I am tired of paying top dollar for "biggish" TVs when I see true projection units throwing 12 foot images.
I am thinking about removing my entertainment toys from the bar area of the house and replacing them with a pool table to make a great entertainment area, maybe hang a regular sized TV in there, nothing theater.
That leaves me with an outdated Mitsu projection TV, tuner that needs to go, but a pretty darned good set of Infinity speakers, mains, center, and surrounds, and a powered sub.
Our formal living room is so formal that nobody ever goes in there.
The lay out is a large rectangle, probably 35-40 feet long, but about 15 feet is an unseparated dining room.
I would like to place the projector as far toward the rear as possible, but there wil be 15 or so feet of "other room" behind the projector and rear speakers.

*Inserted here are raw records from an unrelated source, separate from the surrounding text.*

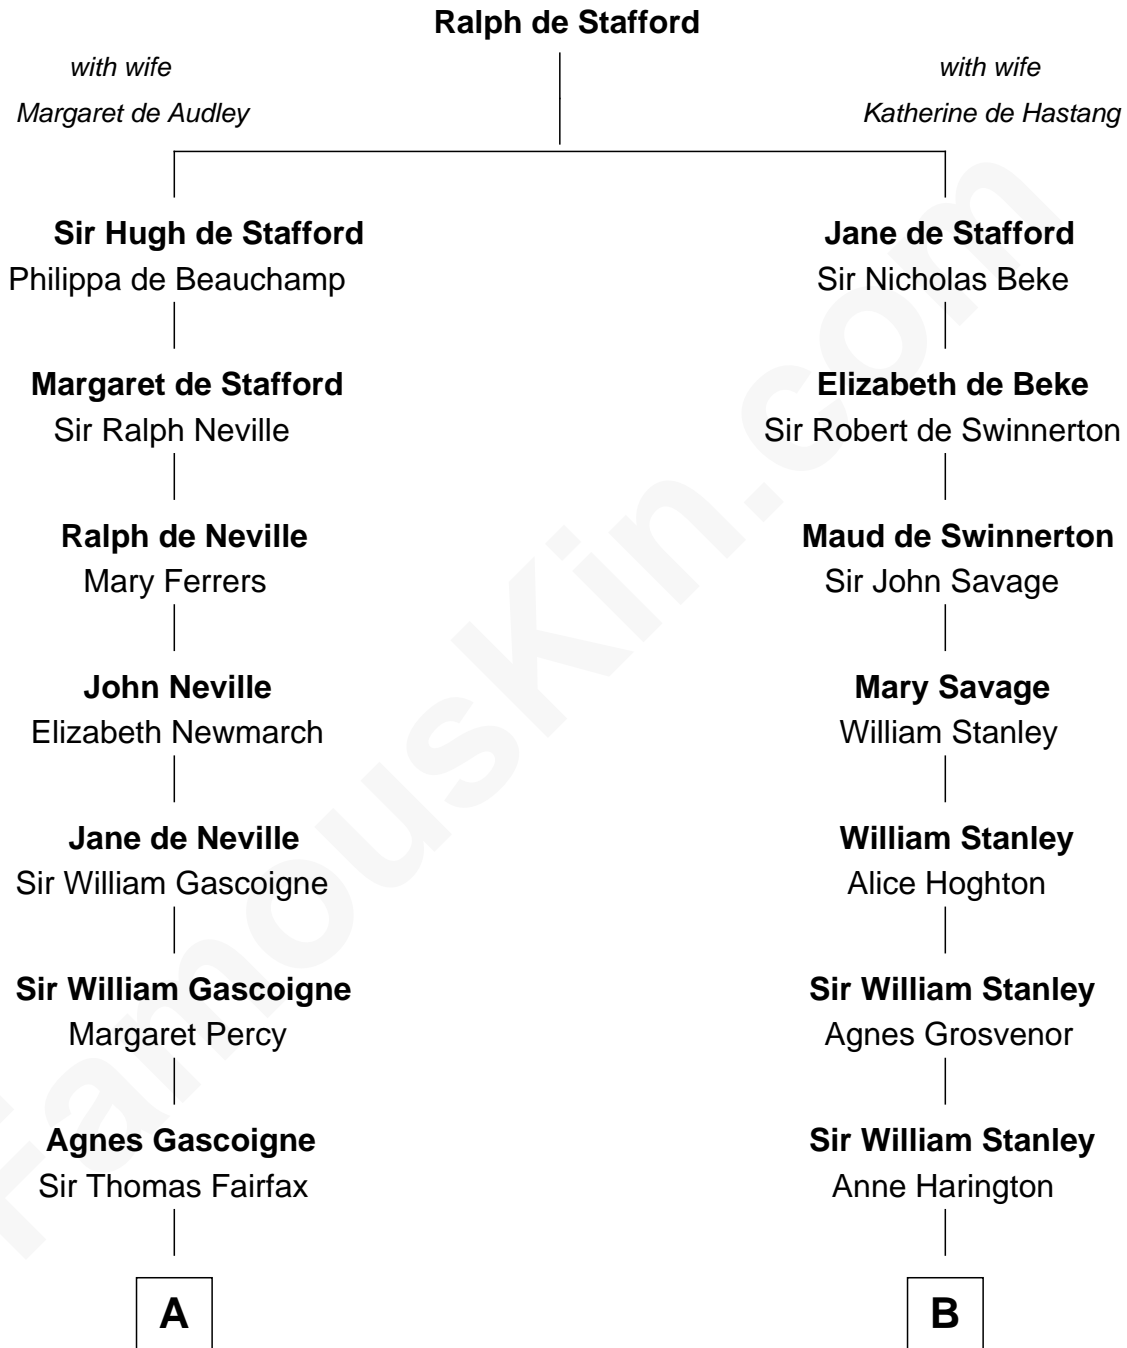

FamousKin.com

Relationship Chart of

Harriet Martineau

Author of The Hour and the Man

15th cousin 4 times removed of

Edith (Bolling) Wilson

First Lady of President Woodrow Wilson

C

Anne E. Wigginton

Archibald Bolling

William Holcombe Bolling

Sarah Spiers White

Edith (Bolling) Wilson

First Lady of Woodrow Wilson

FamousKin.com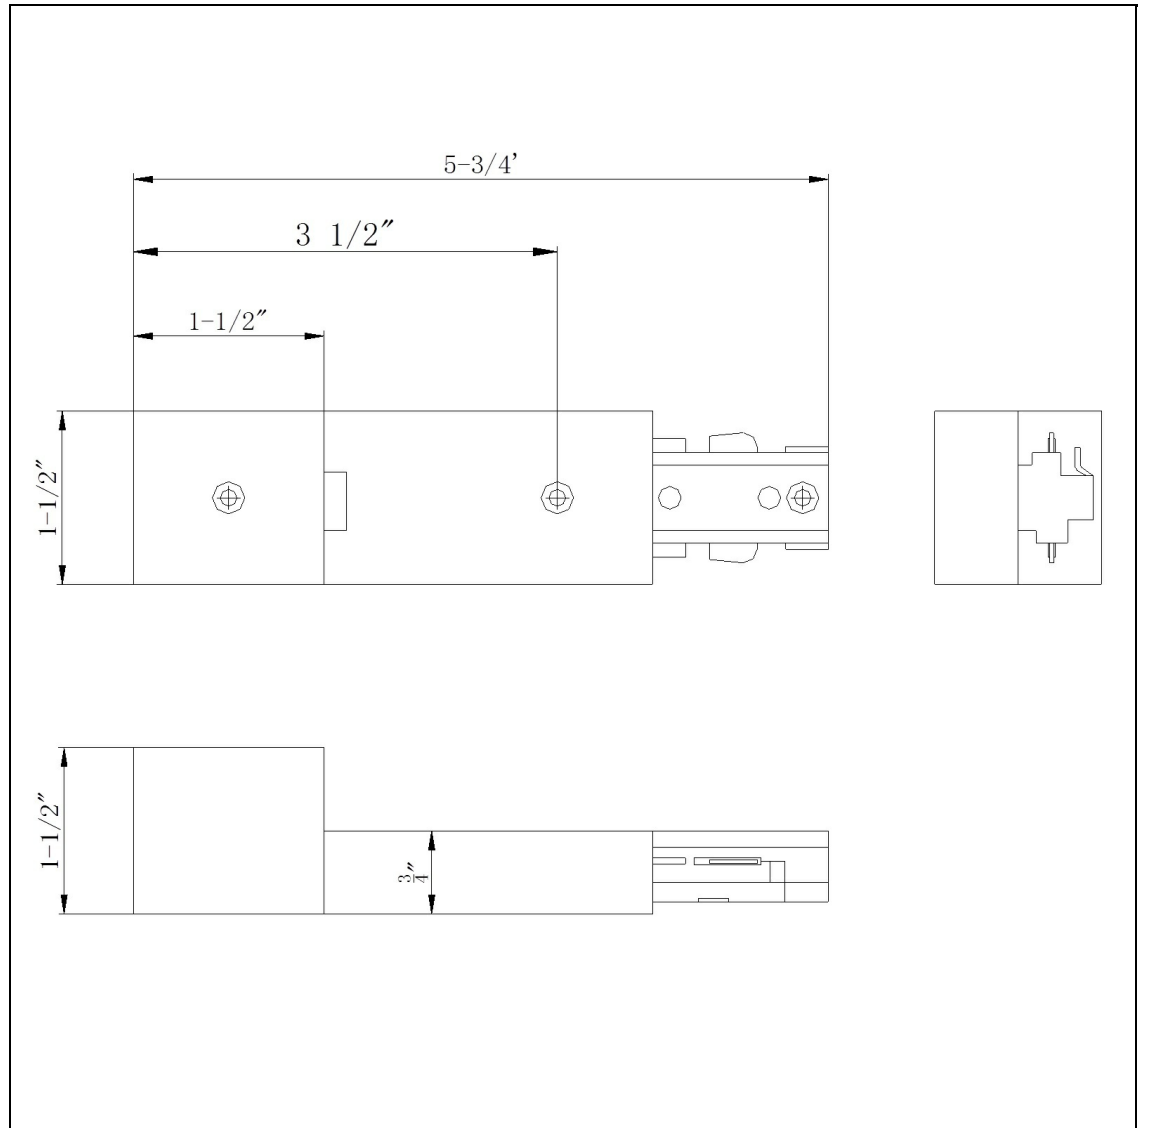

Product No. **HT-276-BK**

Description

Live End Conduit Fitter (3 Wires)
Durable Plastic Construction
Ships in One Carton
No Assembly Required
Compatible with "H" Type Three Wire Single
Circuit Track
4 1/4"
4 1/4"
1.5" Height Conduit Fitter in Black

Technical Specifications

UPC	020193067284
Wattage	N/A
CRI	N/A
Lumen	N/A
Switch Type	Track
Bulb Base	N/A
Number of Lights	N/A
Color	Black
Base Color	Black

Carton 1 Dimensions	7.00 x 15.90 x 30.80
Carton 2 Dimensions	0.00 x 0.00 x 30.80
Package Dimensions	L: 30.80 W: 15.90 H: 7.00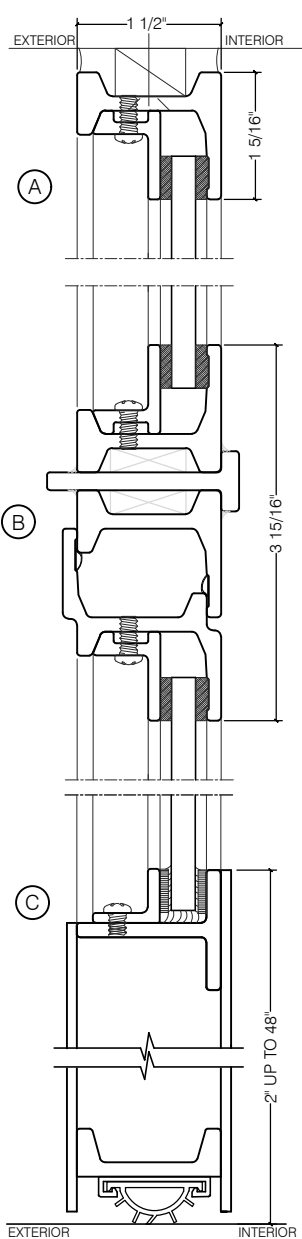

# TORRANCE STEEL WINDOW CO., INC.

CENTURY 2000 - SWING OUT - SINGLE DOOR WITH TRANSOM - BLOCK FRAME

SWING-OUT  
1/4" GLASS

SWING-OUT  
1/4" GLASS

SCALE: 2:1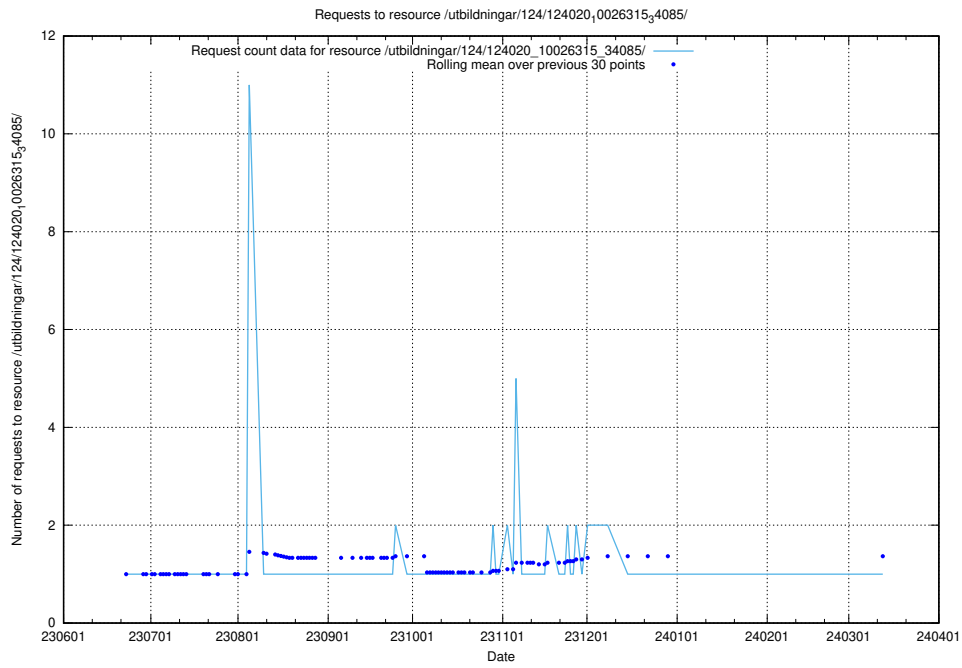

5.5775 Usage of /utbildningar/124/124020_10026315_34085/

Here, we count the number of requests to resource /utbildningar/124/124020_10026315_34085/.

From there forward, it's a conventional three sided room, except for the entry to the area, which is a 7 or so foot wide pass through adjacent to the wall the image will be thrown on.
Mechanics wise, there is a false wall where I can recess the components below the screen, with power and access to the DIRECTV inputs.
The image wall has a brick fireplace for about 1/2 of the width, so it looks like a pulldown screen will be needed. I can recess it because the joists run in the correct direction.
I'm looking, then, for general comments about the idea of true projection,
The fact that the rear of the room will be several feet behind the rear speakers, and the gap to enter the room vis a vis acoustics,
Equipment advice--I am eyeing the Panasonic AE900, a place has a pretty good package deal with many of the cables and an upconverting DVD
For a receiver, I have always gone with Onkyo, but that's old information in this area.
Any other information would be greatly appreciated.
Lastly, anyone in Soucal that has a setup up and running, I'd love to see it in operation.
Thanks to all, including Smiling Bandit, who hatched the bug that has bitten me.
Lastly, where to get this stuff. I realize the internet makes pricing easy, but I want ot work with people who know what the heck the equipment is capable of.
Thanks, Professor, I've already spent hours in there over my head, that's how I got the Panasonic AE900 in my head.